Importing legacy code from Subversion to Git

Atlassian has a very good tutorial on this. I suggest you read it first. Here is a simple example.

Install git-svn

A modern git installation may not include git-svn by default. On Ubuntu you can easily install it:

sudo apt-get install git-svn

Authors text file

To preserve the history readably, you’ll need to tell git svn the real names of the authors. There are tools to generate authors.txt, but for a small-ish team it might be easier to create it manually. Here’s a sample.

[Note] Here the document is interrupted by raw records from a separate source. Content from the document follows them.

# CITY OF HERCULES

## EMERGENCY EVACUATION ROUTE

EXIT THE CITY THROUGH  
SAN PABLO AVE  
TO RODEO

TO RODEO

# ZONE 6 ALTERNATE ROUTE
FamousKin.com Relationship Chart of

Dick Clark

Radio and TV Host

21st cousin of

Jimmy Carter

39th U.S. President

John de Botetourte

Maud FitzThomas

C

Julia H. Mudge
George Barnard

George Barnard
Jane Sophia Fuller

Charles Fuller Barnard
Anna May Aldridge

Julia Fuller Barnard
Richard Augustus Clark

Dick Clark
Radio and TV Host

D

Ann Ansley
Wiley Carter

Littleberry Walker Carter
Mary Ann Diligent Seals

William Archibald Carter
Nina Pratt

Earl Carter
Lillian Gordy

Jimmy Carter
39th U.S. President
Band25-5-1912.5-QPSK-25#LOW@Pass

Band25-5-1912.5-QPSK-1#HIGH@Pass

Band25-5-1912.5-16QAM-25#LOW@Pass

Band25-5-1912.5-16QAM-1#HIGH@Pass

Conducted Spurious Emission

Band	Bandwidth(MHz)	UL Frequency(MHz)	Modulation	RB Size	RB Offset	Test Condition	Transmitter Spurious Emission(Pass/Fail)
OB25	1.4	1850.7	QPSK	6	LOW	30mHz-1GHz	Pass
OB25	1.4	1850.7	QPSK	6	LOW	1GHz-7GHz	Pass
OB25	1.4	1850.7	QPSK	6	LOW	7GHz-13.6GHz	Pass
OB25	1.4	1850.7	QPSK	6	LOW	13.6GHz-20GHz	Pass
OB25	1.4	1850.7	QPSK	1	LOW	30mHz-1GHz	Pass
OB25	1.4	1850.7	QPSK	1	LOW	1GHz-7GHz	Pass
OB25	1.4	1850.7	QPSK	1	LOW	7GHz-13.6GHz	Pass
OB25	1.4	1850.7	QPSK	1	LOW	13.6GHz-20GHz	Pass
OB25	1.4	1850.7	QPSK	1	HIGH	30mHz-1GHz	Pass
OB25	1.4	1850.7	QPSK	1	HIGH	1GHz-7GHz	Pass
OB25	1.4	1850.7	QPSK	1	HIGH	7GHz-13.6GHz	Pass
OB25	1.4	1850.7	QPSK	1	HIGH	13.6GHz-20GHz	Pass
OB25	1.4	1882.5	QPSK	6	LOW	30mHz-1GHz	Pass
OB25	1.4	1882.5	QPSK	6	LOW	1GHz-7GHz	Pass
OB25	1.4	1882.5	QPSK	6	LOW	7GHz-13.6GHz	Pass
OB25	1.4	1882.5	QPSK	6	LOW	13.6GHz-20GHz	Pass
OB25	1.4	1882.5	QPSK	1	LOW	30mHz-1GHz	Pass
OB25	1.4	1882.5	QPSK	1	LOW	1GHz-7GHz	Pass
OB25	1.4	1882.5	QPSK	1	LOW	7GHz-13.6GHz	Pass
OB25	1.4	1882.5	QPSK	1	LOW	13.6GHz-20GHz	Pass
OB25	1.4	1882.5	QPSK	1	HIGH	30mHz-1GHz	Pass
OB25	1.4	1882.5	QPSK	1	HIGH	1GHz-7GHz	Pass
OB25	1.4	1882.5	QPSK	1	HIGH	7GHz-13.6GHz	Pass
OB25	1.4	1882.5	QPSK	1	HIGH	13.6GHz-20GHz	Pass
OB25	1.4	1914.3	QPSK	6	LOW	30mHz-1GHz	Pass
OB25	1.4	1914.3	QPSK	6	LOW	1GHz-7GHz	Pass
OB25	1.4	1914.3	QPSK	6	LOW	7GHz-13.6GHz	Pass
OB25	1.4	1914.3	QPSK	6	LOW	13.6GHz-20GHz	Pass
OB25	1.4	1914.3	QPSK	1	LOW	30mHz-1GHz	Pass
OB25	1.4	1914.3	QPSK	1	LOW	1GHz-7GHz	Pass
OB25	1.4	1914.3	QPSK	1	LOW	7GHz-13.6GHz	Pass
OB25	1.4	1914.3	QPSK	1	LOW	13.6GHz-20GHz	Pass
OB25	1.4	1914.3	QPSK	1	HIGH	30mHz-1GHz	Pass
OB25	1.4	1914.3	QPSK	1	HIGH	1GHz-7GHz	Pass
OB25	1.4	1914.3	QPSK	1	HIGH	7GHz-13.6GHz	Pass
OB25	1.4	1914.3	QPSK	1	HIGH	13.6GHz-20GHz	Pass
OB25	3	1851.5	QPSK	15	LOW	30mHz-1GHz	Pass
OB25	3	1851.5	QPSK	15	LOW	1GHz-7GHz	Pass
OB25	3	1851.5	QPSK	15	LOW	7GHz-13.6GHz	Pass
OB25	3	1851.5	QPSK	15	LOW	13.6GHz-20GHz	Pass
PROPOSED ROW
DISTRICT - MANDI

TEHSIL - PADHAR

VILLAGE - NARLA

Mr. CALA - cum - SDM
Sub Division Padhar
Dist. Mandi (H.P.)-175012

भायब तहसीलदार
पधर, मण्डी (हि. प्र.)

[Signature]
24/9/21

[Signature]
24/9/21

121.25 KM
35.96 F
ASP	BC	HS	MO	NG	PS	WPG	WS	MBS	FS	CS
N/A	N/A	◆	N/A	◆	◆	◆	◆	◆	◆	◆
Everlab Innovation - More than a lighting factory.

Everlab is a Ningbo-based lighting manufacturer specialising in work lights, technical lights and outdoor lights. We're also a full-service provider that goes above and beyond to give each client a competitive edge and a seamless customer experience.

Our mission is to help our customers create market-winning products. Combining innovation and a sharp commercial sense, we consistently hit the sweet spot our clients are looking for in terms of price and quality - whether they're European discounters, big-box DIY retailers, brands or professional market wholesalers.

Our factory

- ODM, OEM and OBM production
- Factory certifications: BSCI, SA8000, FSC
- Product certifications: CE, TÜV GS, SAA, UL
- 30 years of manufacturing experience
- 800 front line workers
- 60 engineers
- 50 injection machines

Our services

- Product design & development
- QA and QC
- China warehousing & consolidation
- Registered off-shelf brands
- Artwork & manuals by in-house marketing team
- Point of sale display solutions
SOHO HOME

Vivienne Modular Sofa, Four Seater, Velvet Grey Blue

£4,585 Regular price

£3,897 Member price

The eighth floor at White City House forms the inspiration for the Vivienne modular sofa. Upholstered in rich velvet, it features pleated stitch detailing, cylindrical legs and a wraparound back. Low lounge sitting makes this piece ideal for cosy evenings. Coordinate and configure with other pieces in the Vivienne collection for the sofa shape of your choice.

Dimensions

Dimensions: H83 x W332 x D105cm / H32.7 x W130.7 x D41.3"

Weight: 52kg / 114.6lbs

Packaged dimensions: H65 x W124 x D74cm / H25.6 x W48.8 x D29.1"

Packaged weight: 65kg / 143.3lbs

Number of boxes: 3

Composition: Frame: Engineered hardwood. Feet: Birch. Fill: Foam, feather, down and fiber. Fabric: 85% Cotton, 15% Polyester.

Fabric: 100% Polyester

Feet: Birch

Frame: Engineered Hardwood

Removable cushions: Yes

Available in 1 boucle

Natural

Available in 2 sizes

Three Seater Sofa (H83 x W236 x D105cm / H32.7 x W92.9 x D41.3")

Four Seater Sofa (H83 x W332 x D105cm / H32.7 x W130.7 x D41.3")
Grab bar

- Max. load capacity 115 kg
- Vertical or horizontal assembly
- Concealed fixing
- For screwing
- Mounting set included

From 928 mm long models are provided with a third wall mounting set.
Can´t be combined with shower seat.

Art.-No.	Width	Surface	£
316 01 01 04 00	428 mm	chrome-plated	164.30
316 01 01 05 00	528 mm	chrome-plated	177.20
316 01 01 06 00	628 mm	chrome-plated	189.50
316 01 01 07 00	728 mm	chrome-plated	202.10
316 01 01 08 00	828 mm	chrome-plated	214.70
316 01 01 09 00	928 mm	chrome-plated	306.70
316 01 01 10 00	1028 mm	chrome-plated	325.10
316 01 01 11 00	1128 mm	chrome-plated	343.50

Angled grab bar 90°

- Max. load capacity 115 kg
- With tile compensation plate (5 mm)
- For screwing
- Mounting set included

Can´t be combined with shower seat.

sarah = Sarah Woodall <sarah.woodall@mycompany.com>
otheruser = Other User <other.user@mycompany.com>

Subtree import recipe

This is how I imported a subdirectory of an old Subversion repo as a subtree of an existing Git repo, bringing in all relevant history with it. This assumes we want to import to the target repo’s default branch.

  1. Use git svn to create a temporary local git repo containing the data you want from Subversion
  2. Move the files into their own subdirectory
  3. Tag it: we’ll use this tag to define what gets exported
  4. Separately, clone the target Git repo, and move into it to do the rest
  5. Make a new subdirectory within it, as a home for the new subtree
  6. Export the files as they stand today (no history, just the files) from the temporary repo into the new subdirectory of the target repo
  7. Add and commit these new files to Git locally
  8. Bring in just the history, without affecting the files, by using git pull -s ours
  9. Finally, push the result
git svn clone --authors-file=authors.txt --trunk=mysubtree/ http://svnrepolocationURL/svn/mysvnrepo/
cd mysvnrepo
mkdir mysubtree
mv *.cpp *.hpp .cproject .project mysubtree
git commit -m"Moved mysubtree into own directory"
git tag -m"Tag current state of mysubtree ready for migration" MIGRATION_MYSUBTREE
cd ..
git clone https://myuser@myrepolocationURL/mytargetrepo.git
cd mytargetrepo
mkdir mysubtree
cd mysubtree
(cd ../../mysvnrepo && git archive MIGRATION_MYSUBTREE) | tar -xf -
cd ..
git add mysubtree
git commit -m"Initial commit of mysubtree, no history"
git pull -s ours ../mysvnrepo MIGRATION_MYSUBTREE
git push

Snag

My first go at the above (before I added Step 2) produced an error mesage from Git about unrelated history, at the “pull” stage. I attempted to force the issue by using “–allow-unrelated-histories”. This got the job done, but Git didn’t see the new files and the old ones as being the same, so the history, although present in the repo and browsable using Sourcetree, isn’t relatecd to the files (so “git log <filename>” doesn’t show what it should).